By Amindeh Blaise Atabong
YAOUNDE (Reuters) -Cameroon received its first shipment of Mosquirix malaria vaccines manufactured by British drugmaker GSK Plc late on Tuesday, as the nation struggles with the mosquito-borne disease that kills more than 600,000 each year globally.
A batch of 331,200 doses of the vaccine – also known as RTS,S – was offloaded at Yaounde’s Nsimalen International Airport, making Cameroon the first African country to receive the vaccine after pilot programmes in Ghana, Kenya and Malawi.
Malaria remains one of Africa’s deadliest diseases, according to the World Health Organization (WHO), killing nearly half a million children under the age of five.
The initial consignment of vaccines will go to 42 out of 203 health districts in the country, Cameroon’s health minister Manaouda Malachie said.
“We lose many compatriots who die because of this disease. Today, we have a vaccine which comes to add to the panoply of measures already rolled out,” Malachie told reporters at Nsimalen.
Inoculations will begin next month or early next year, according to a health official who spoke to Reuters on condition of anonymity.

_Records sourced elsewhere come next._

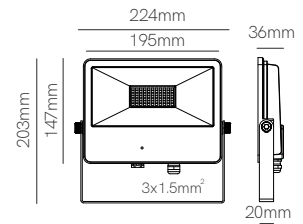

Technical Information

Power	10W	30W	50W
Installation	Surface	Surface	Surface
Color Temperature	4.000K / 5.000K	4.000K / 5.000K	4.000K / 5.000K
Lumens	1.150 lm / 1.200 lm	3.550 lm / 3.600 lm	5.950 lm / 6.000 lm
Material	Aluminium	Aluminium	Aluminium
Finishes	White / Black	White / Black	White / Black

Code	4.000K 4349	5.000K 4350	4.000K 4308	5.000K 4351	4.000K 4352	5.000K 4353	4.000K 4309	5.000K 4310	4.000K 4354	5.000K 4355	4.000K 4311	5.000K 4356
	☐	☐	☒	☒	☐	☐	☒	☒	☐	☐	☒	☒

1/32

1/24

1/12

Accessories

Optional spike
4027

CE RoHS

5 YEARS WARRANTY | 50.000 HOURS | IP 65 | 220/240 VAC | PF >0,9 | CRI ≥80 | 115° | 50/60 Hz | IK08 | +45°C / -20°C | AKZO NOBEL | MICROWAVE SENSOR | 5 sec / 5 min | 1m / 7m | ON / OFF | >1KV
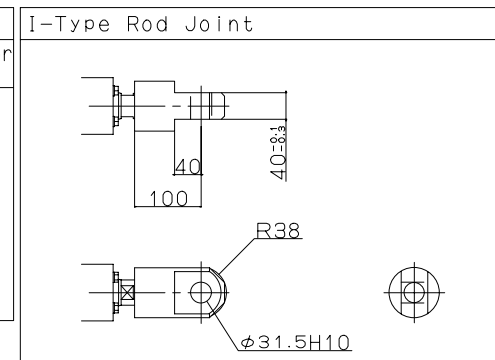

Stroke	L
100	235
150	285
200	335
250	385
300	435
350	485
400	535
500	635
600	735
700	835
800	935

JIS Symbol

Model : SP665-N-FB-160X350
 Maker : KONAN
 File Name : SP66-N-FB-160
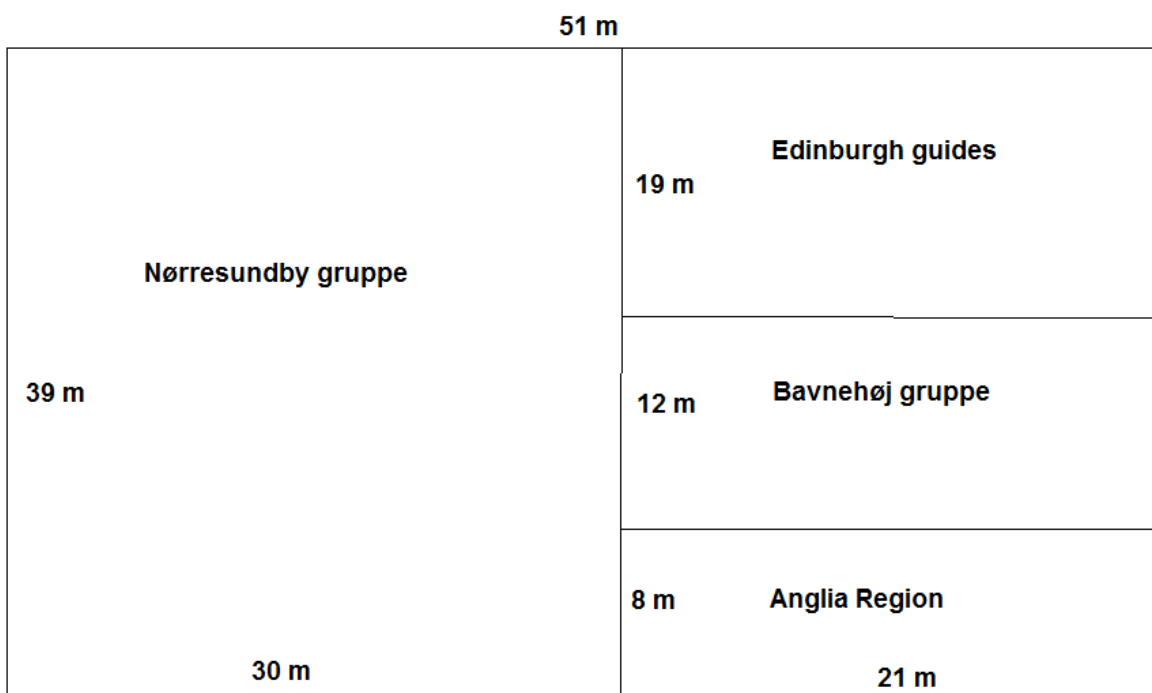

Lersøpark spejderne

Klynge 5:

Sindal + Torbay

Normannerne

St. Jean Dudelange

Klynge 6:

Nørresundby gruppe

Edinburgh guides

Bavnehøj gruppe

Anglia Region

Klynge 7:

Hardeknud

Pfadi Eschenbach

Blårævene

Klynge 8:

Brundurs gruppe
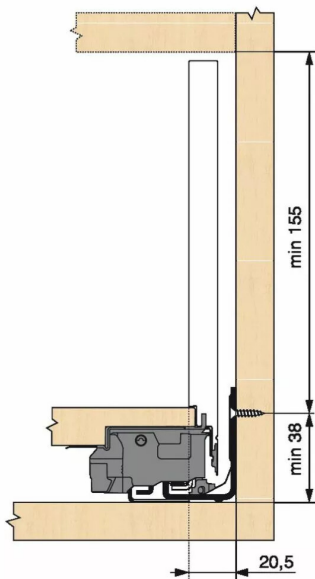

## KIT LEGRA TIP-ON 70KG C/550/GR

Réf. : LGT111

Page catalogue : 867

Vendu par

1

Tiroir à bords droits et fins épaisseur 12,8 mm montés sur coulisses invisibles extra-plates. Coulissement extra-léger. Amortissement BLUMOTION à la fermeture. Versions TIP-ON et TIP-ON BLUMOTION pour solutions sans poignées.

Tiroir C : hauteur côté = 177 mm.

Cote d'encastrement 193 mm.

Composition du kit :

1 paire de côtés de tiroir.

1 paire de coulisses.

1 paire d'adaptateurs dos agglo.

Kit tiroir gris orion avec coulisses TIP-ON 70 kg

Longueur nominale (NL) 550 mm

**Prévoir 2 attaches-façade par tiroir vendues séparément.**
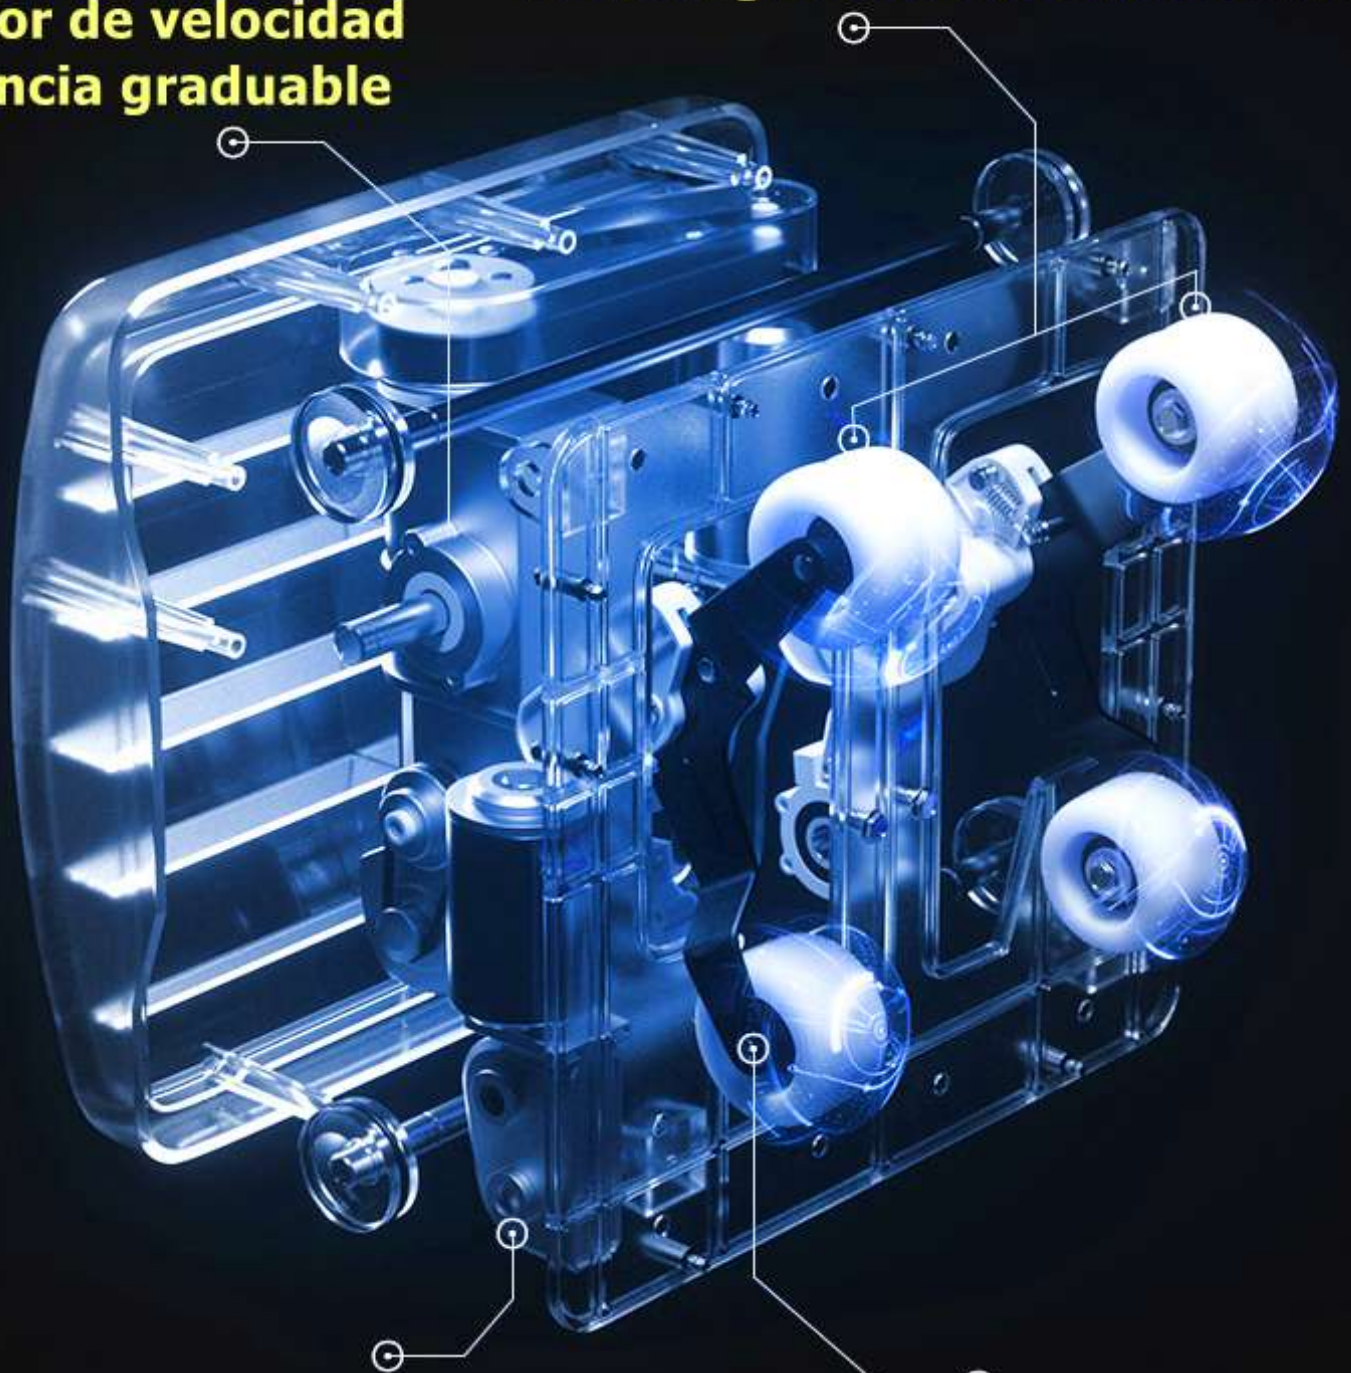

SILLON MASAJEADOR FORZA

 **FUKAWA**

Rodillos Robóticos Inteligentes AI 4D

**Sensor de temperatura
Tecnología anti-calentamiento**

**Sensor de velocidad
Potencia graduable**

**Sensor de direccionamiento
Más control más precisión**

**Sensor de presión
gradua fuerzas de masaje**

Sistema de doble Riel Alargado

Diseño según ergonomía humana

135CM

Riel alargado
más cobertura

Sistema de Escaneo Corporal

Brinda masajes con más precisión
Ofrece sesión de masaje más personalizado
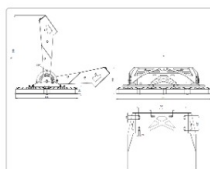

ХАРАКТЕРИСТИКИ

Светотехнические характеристики

Мощность, Вт:	988.8
Световой поток светодиодного модуля, ЛМ	130213
Световой поток, Лм	121098
Световая эффективность, Лм/Вт:	122.5
Количество светодиодов, шт:	304
Кривая силы света (КСС):	D10 концентрированная
Цветовая температура, К:	5700
Индекс цветопередачи CRI:	90
Ресурс светодиодов, ч:	300000

СКАЧАТЬ

IES файл

Паспорт светильника

Сертификат соответствия

Сертификат

Электрические характеристики

Время включения светильника, с:	0.5
Диммирование:	Нет
Напряжение питания, В:	100-305 VAC/142-431 VDC
Частота, Гц:	47 Гц - 63 Гц
Коэффициент мощности ИП, cosφ:	≥ 0,95
Грозазащита:	Да
Термозащита:	Есть
Защита от 380, В:	Нет
Защита от холостого хода:	Есть
Стойкость к микросекундным импульсам большой энергии:	6KV/4KV
Коэффициент пульсаций светового потока, %:	<1
Гальваническая изоляция:	Да
Пробивное напряжение, кВ AC:	I/P-O/P3.75 KVAC
Сопротивление изоляции, МОм:	I/P-O/P, I/P-FG, O/P-FG:100M Ohms / 500VDC / 25°C / 70% RH
Класс защиты от поражения электрическим током:	1
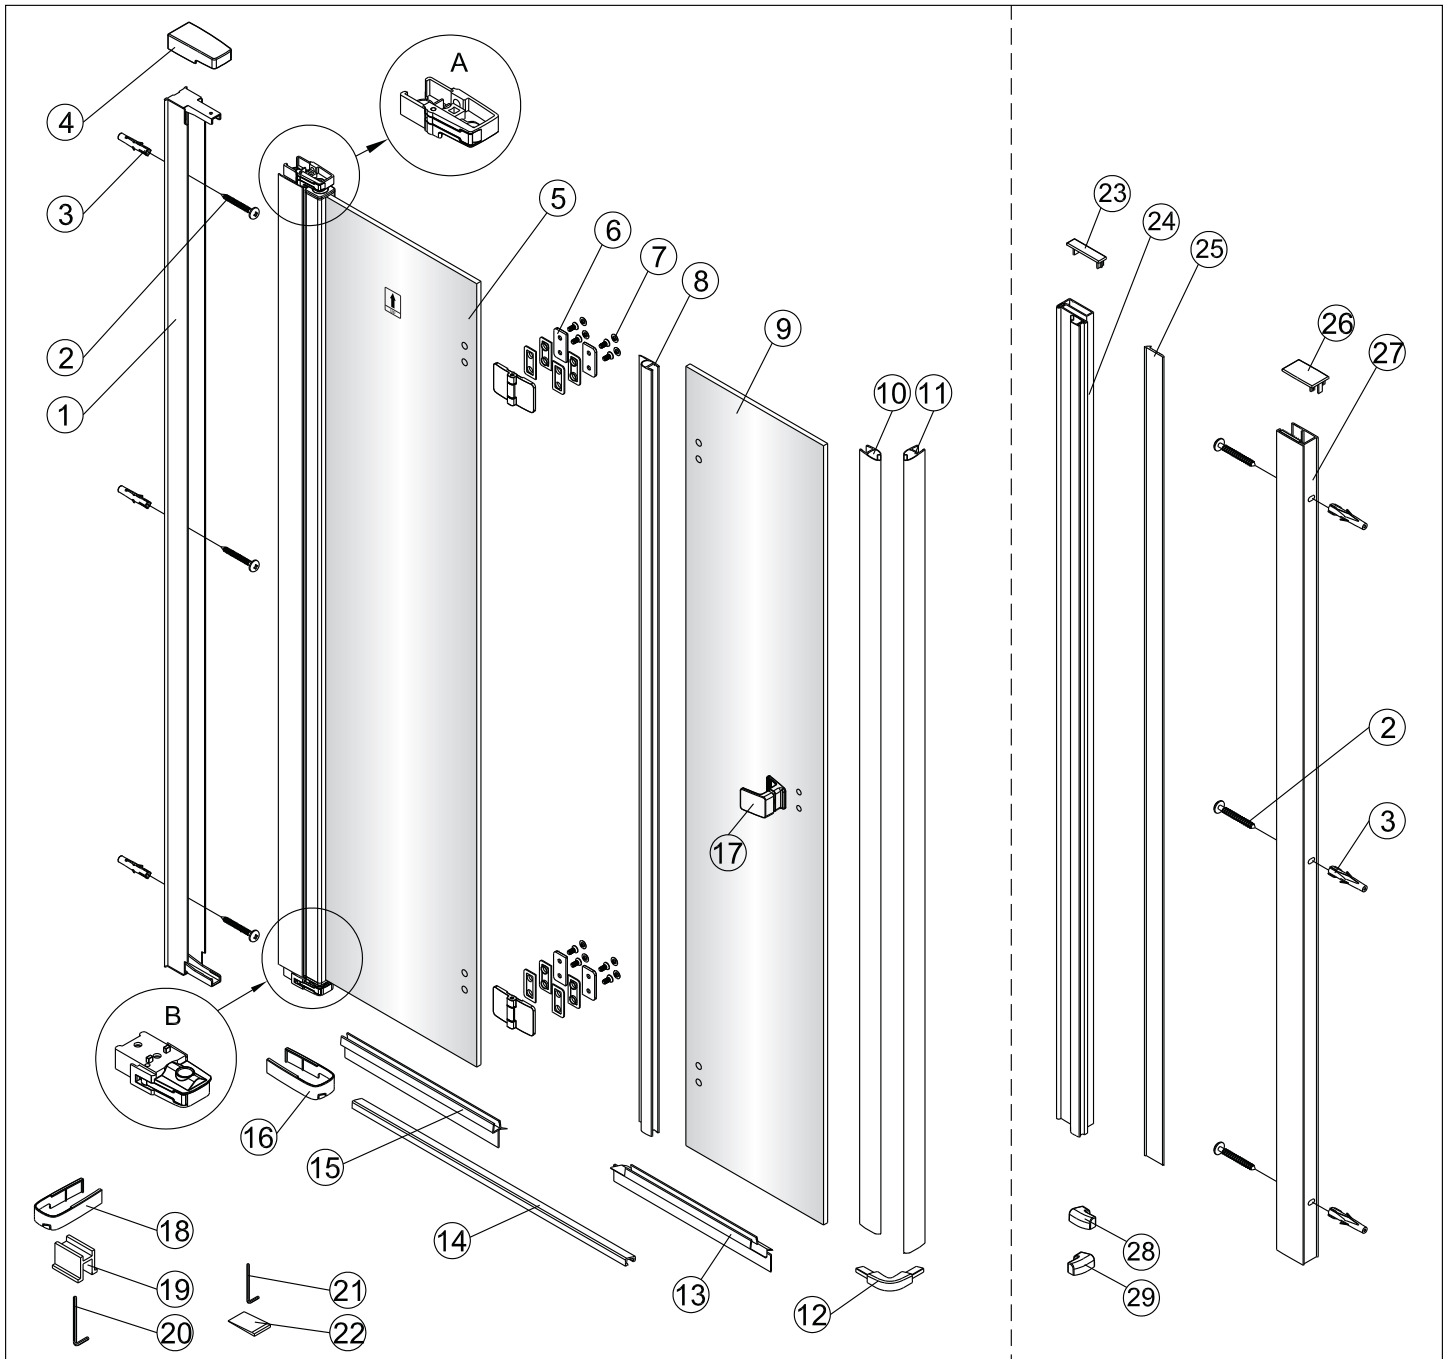

Montagehandleiding Free Match Vouw Draaideur + Muurprofiel

1565283,1564983,1563152

Links

Rechts

LET OP! Gehard veiligheidsglas. Voorzichtig hanteren!
Zet de glaswand niet op een van de punten,
want daardoor kan hij breken.

 1X	 3X ST4X40	 3X	 1X	 1X	 2X				
 8X	 1X	 1X	 1X L=1914	 1X	 1X	 1X	 1X	 1X	 1X
 1X	 1X	 1X	 1X	 1X	 1X	 1X	 1X	 1X	
 2X	 1X 4mm	 1X 3mm	 4X	 Ø6.0mm					

Gebruik de wig om het profiel waterpas te plaatsen indien het verschil tussen 2 en 7 mm ligt.

Breng siliconenkit aan op de wiggen en plaats ze onder het profiel om deze waterpas te monteren.

Snijdt het overbodige materiaal weg.

2

3

4

7

Het bodemprofiel kan worden ingekort indien nodig.

8

GSK says more than 1.7 million children in Ghana, Kenya and Malawi have already received at least one dose of the shot, and that it would be rolled out in another nine malaria-endemic countries, of which Cameroon is one, from early next year.
A further 1.7 million doses of the RTS,S vaccine are expected to arrive in Burkina Faso, Liberia, Niger and Sierra Leone in coming weeks, the global vaccine alliance GAVI said in a joint statement with WHO and UNICEF.
Other African countries are set to receives doses over the next few months.
UNICEF representative Juliette Haenni said it was a historic moment to protect children.
“Children are the most concerned. The ones we are targeting are the six to 24 months old – the most vulnerable,” Haenni said.
The WHO says a second malaria vaccine developed by Britain’s University of Oxford, R21/Matrix-M, will become available by mid-2024.